**TASK GOAL**. Could the data below be retyped exactly, without its pictures?

**Stored data**.
━━━━━━━━
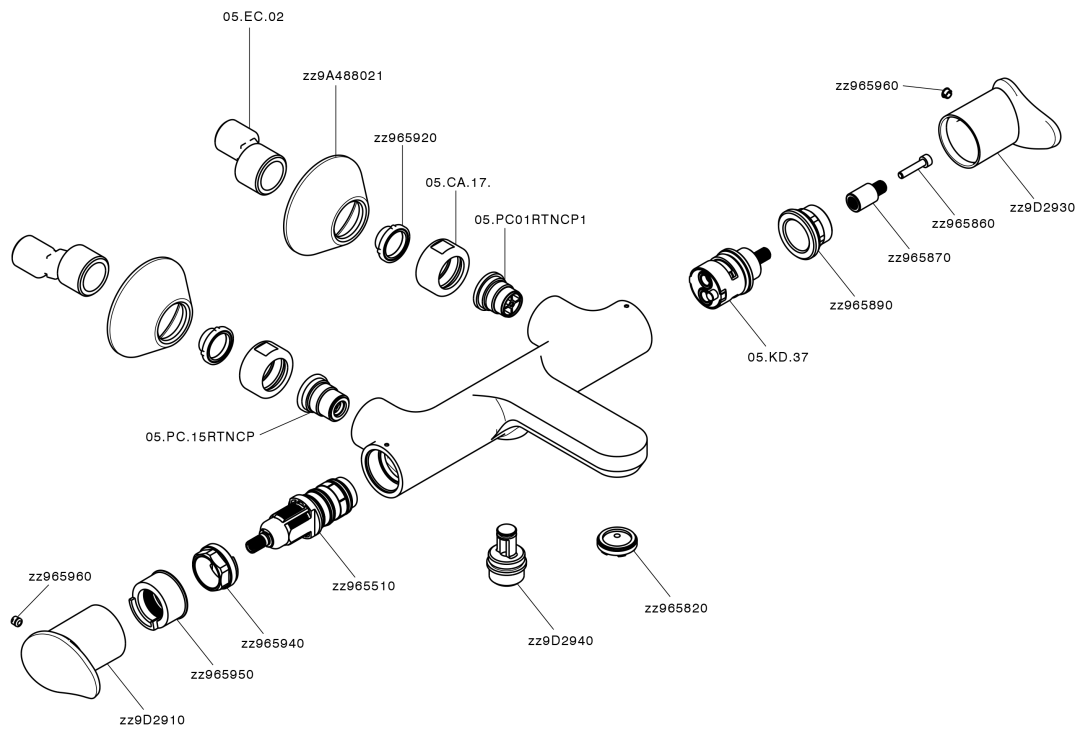

Bañera termostática HARLOCK_HCT21010

MODELO **HCT21010**

Bañera termostática, sin conjunto ducha, conexión para flexible 1/2" M

ACABADOS DISPONIBLES

-  **21** 21 Cromo
-  **2P** 2P Oro rosa
-  **2Q** 2Q Black Titanium
-  **40** 40 Negro Mate
-  **4Q** 4Q Blanco Mate
-  **6T** 6T Cromo/Negro Mate

CARACTERÍSTICAS

Recambio Cartucho **ZZ96551000**

Cartucho Termostático TMX 25

DeviaStop

La tecnología Huber DeviaStop le permite ajustar el caudal de agua y dirigirla hacia la salida elegida (rociador superior, ducha de mano, etc.).

SafeTouch

El sistema Huber SafeTouch mantiene el cuerpo de la grifería frío al cuerpo durante el uso.

Termostático

El Termostático Huber es tu gestor personal del agua, ayudándote a manejar, controlar y ahorrar agua y energía.

Bañera termostática HARLOCK_HCT21010

HCT21010

<https://es.huberitalia.com/banera-termostatica-harlock-hct21010>

2026-06-10
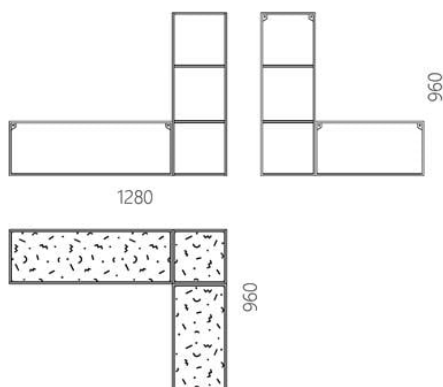

## Металеві настінні полиці Abstra workplace

11 790 грн

- Об'єднують у собі функціональність, якість та естетику.
- Створюйте власні конфігурації модулів відповідно до ваших потреб зберігання.
- Ви можете замовити як комплект, так і окремі модулі, що пасують вашому простору.
- Розроблено та виготовлено в Україні, з любов'ю!

Колекція Abstra — це універсальне рішення для зберігання, що складається з кубічних модулів. Вона є інтерпретацією розробок європейського авангарду 1920-х років. Лінійна композиція вирізняється великою кількістю повітря між блоками. На поверхні полиць розмістився грайливий орнамент із геометричної абстракції, що вносить візуальну різноманітність.

Дизайнер: Сергій Львов  
Рік створення: 2020

Висота: 960 мм  
Ширина: 1280 мм  
Глибина: 960 мм

abstra workplace

### Інформація про пакування

Надійне картонне пакування з плівкою і пінопластом. Кількість місць: 1 шт.  
1280x660x340 мм. Вага з пакуванням: 16 кг.  
Потребує монтажу.
━━━━━━━━
**TASK SOLUTION**.
Bañera termostática HARLOCK_HCT21010

MODELO **HCT21010**

Bañera termostática, sin conjunto ducha, conexión para flexible 1/2" M

ACABADOS DISPONIBLES

-  **21** 21 Cromo
-  **2P** 2P Oro rosa
-  **2Q** 2Q Black Titanium
-  **40** 40 Negro Mate
-  **4Q** 4Q Blanco Mate
-  **6T** 6T Cromo/Negro Mate

CARACTERÍSTICAS

Recambio Cartucho **ZZ96551000**

Cartucho Termostático TMX 25

DeviaStop

La tecnología Huber DeviaStop le permite ajustar el caudal de agua y dirigirla hacia la salida elegida (rociador superior, ducha de mano, etc.).

SafeTouch

El sistema Huber SafeTouch mantiene el cuerpo de la grifería frío al cuerpo durante el uso.

Termostático

El Termostático Huber es tu gestor personal del agua, ayudándote a manejar, controlar y ahorrar agua y energía.

Bañera termostática HARLOCK_HCT21010

HCT21010

<https://es.huberitalia.com/banera-termostatica-harlock-hct21010>

2026-06-10

## Металеві настінні полиці Abstra workplace

11 790 грн

- Об'єднують у собі функціональність, якість та естетику.
- Створюйте власні конфігурації модулів відповідно до ваших потреб зберігання.
- Ви можете замовити як комплект, так і окремі модулі, що пасують вашому простору.
- Розроблено та виготовлено в Україні, з любов'ю!

Колекція Abstra — це універсальне рішення для зберігання, що складається з кубічних модулів. Вона є інтерпретацією розробок європейського авангарду 1920-х років. Лінійна композиція вирізняється великою кількістю повітря між блоками. На поверхні полиць розмістився грайливий орнамент із геометричної абстракції, що вносить візуальну різноманітність.

Дизайнер: Сергій Львов  
Рік створення: 2020

Висота: 960 мм  
Ширина: 1280 мм  
Глибина: 960 мм

abstra workplace

### Інформація про пакування

Надійне картонне пакування з плівкою і пінопластом. Кількість місць: 1 шт.  
1280x660x340 мм. Вага з пакуванням: 16 кг.  
Потребує монтажу.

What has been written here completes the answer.